Este planteamiento, que es sostenido con rigor y serenidad, lleva a Varden a la afirmación más osada de su libro y que, con cierto temor, me atrevería a matizar intentando asumir los propios presupuestos del autor: “Lo que Dios tenía en mente no era tanto la redención, sino la recreación. El problema que reclamaba una solución no era el pecado, sino la muerte”. Sin duda, como añade a continuación, “en Dios encarnado, nuestra humanidad misma tenía vida divina”. Ahora bien, llevado al extremo este argumento, podría considerarse que se disuelve la correlación ontológica entre causa y efecto (pecado-muerte) en favor del impacto existencial y fenomenológico de nuestra finitud restaurada en su anhelo originario.

El valor salvífico de la Pasión y Muerte de Jesús quedaría así desdibujado. Estoy de acuerdo en que ya no corresponde entender éstas como la imputación de un castigo terrible y hasta inhumano, sino, como Varden mismo apunta con un sentido genuinamente evangélico en el capítulo dedicado al memorial eucarístico, la expresión del perdón incondicional de Dios a la humanidad que, paradoja inconmensurable, es salvada justo cuando vuelve a rechazarlo. El misterio de la Encarnación y de la Redención son, a fin de cuentas, inseparables.
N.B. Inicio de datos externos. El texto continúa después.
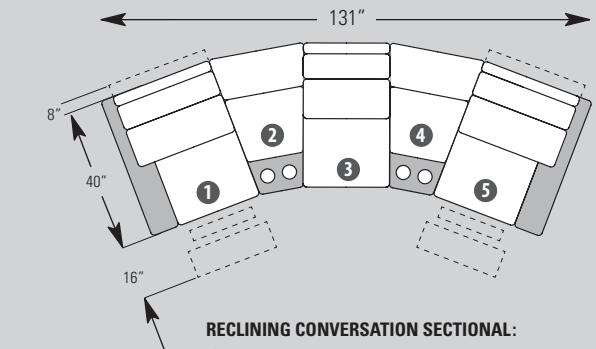

RECLINING LOVESEAT WITH CONSOLE:
1) LAF MOTORIZED RECLINING CHAIR WITH HEADREST
2) DELUXE STRAIGHT CONSOLE
3) RAF MOTORIZED RECLINING CHAIR WITH HEADREST

RECLINING CONVERSATION SECTIONAL:
1) LAF MOTORIZED RECLINING CHAIR WITH HEADREST
2) DELUXE ANGLED CONSOLE
3) STATIONARY ARMLESS CHAIR
4) DELUXE ANGLED CONSOLE
5) RAF MOTORIZED RECLINING CHAIR WITH HEADREST

418 STYLE RECLINING SECTIONAL WITH HEADREST

Choose from a variety of different pieces to create an infinite number of combinations. Each piece in the 418 Style is a single seat, and our innovative bracket system allows you to position them in any configuration; from a simple reclining sofa to a custom sized sectional. This bracket system keeps the units together and prevents shifting or separating.

LAF = Left Arm Facing, RAF = Right Arm Facing

COMMON DIMENSIONS

OVERALL HEIGHT	43"
OVERALL HEIGHT OF CONSOLES	38"
SEAT HEIGHT	20"
SEAT DEPTH	19"
ARM HEIGHT	26"
RECLINER FOOTREST EXTENSION	16"
WALL CLEARANCE NEEDED	8"
OVERALL LENGTH FULLY RECLINED	71"

Dice Varden en verdad que Dios se hizo huésped de los hombres para mostrarles su auténtico rostro. Pero “Vino a su casa, y los suyos no lo recibieron” (Jn 1,11). En el recuerdo de las cicatrices del campesino noruego que tanto le impresionaron en su adolescencia, siguen resonando los mismos gritos, ahora a sabiendas, de hace veinte siglos: “¡Fuera, fuera; crucifícalo! […] No tenemos más rey que al César” (Jn 19,15).

Ahora bien, pese a los dolores crónicos de Maïti Girtanner provocados por las torturas nazis o la prisión de Iulia de Beausobre en un campo de trabajo soviético, como quiere resaltar Varden, el perdón y la compasión transfiguran nuestra existencia con la victoria de Cristo: “Pero a cuanto lo recibieron, les dio poder de ser hijos de Dios, a los que creen en su nombre” (Jn 1,12). O como dice nuestro autor: “Ser digno [de la Eucaristía] es asentir a la realización del ejemplo de Cristo en mi vida -comprometerme con su novedad. El Señor no busca la perfección instantánea. Pero requiere coherencia en el modo de vida”.

La Redención -la Reconciliación- culmina y completa, así, la Recreación. “Y bendijo Dios el día séptimo y lo consagró, porque en él descansó de toda la obra que Dios había hecho cuando creó” (Gn 2,3). La explosión de la soledad nos acompaña, con alegría interior y con tacto genuino, en esa jornada.